Lana Gramlich said...

Although I'd joined some groups via one of my blog directories, all of the post there are for link exchanges--aka a complete waste of time. Not to mention, too, that so many people are completely incapable of following directions, even when they're right in front of their faces. Not long ago an argument on one blog spilled over into my (& other peoples') comments--and I had absolutely NOTHING to do with the argument at all. Needless to say I deleted the comment. Blogs are cool, but also have annoying aspects.

Bernita said...

Cyn, I've always assumed there are a lot of fake identies on the net, well beyond the mere use of pseudonyms, which are understandable. (particularly because of the fake identities!)
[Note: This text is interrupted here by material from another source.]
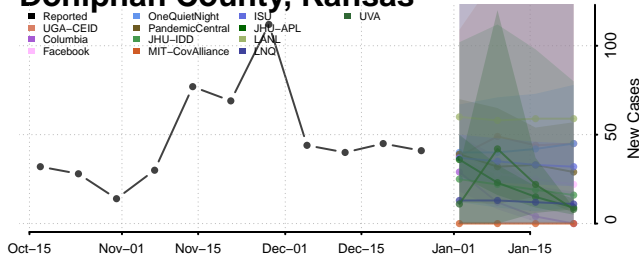

### Doniphan County, Kansas

You share the attitude of the majority of bloggers,Ello.

Bernita said...

"so many people are completely incapable of following directions, even when they're right in front of their faces."

Lana, that is so true!
Agents constantly report queries outside their clearly specified interests. Yet, writers are supposed to be literate.
The problem, in part, is that people skim, they don't read.

Lana Gramlich said...

Bernita; Exactly true--people don't read, they skim. I saw proof of this again yesterday, when a commenter mentioned "gotta love Western New York" about a post that was entirely about Canada. Ah well.

Lisa said...

Wow. I miss out on so much! But I have to say, this entire discussion is the reason I only occasionally visit agent blogs or big/popular blogs and I never comment. For obvious reasons, they attract a lot of self-serving, sometimes bordering on really nutty people. It's true that once you've posted words, there's no way to control what someone says about them, but I agree with you Bernita, it comes down to a matter of courtesy to others and whether or not you're inviting critique. I absolutely agree that commenting on a post with the aim of trying to hijack traffic to your own blog is the height of tackiness. I checked out the site of one of the critiquers and she is an unpublished writer who doesn't appear to have any particular qualifications that would indicate she could even provide valid critique so I'm even more puzzled. I think I'll stick to my circle of courteous, kind hearted blogging friends. So far (fingers crossed) the experience has been all good.

Bernita said...

Gives our eyes rolling exercise, Lana.

Thank you, Lisa.
The probable justification is that those critiquers represent one reader's take and therefore their view has value.
However, writers and aspiring writers don't read with quite the same eyes as a normal reader imho.